● What is expected: An exact copy of every record, without the pictures, is what should come back.

[Entries taken from a collection]
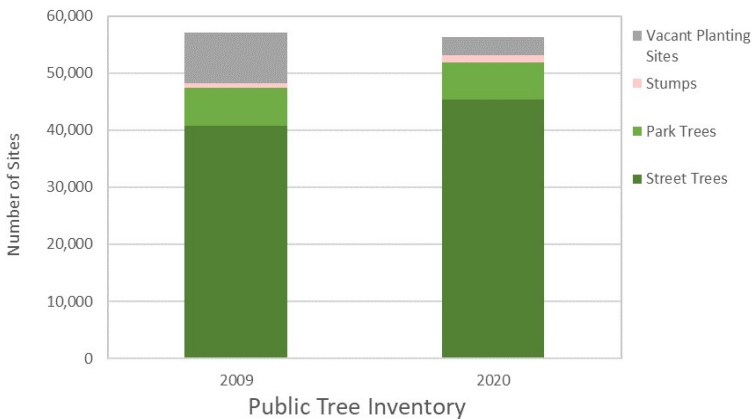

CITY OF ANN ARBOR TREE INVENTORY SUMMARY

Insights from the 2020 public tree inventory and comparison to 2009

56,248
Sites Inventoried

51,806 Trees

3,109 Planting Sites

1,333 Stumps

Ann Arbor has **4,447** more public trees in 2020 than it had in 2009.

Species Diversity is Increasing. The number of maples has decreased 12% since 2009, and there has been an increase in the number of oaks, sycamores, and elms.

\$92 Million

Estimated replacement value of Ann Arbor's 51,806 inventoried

● Result for this task:
CITY OF ANN ARBOR TREE INVENTORY SUMMARY

Insights from the 2020 public tree inventory and comparison to 2009

56,248
Sites Inventoried

51,806 Trees

3,109 Planting Sites

1,333 Stumps

Ann Arbor has **4,447** more public trees in 2020 than it had in 2009.

Species Diversity is Increasing. The number of maples has decreased 12% since 2009, and there has been an increase in the number of oaks, sycamores, and elms.

\$92 Million

Estimated replacement value of Ann Arbor's 51,806 inventoried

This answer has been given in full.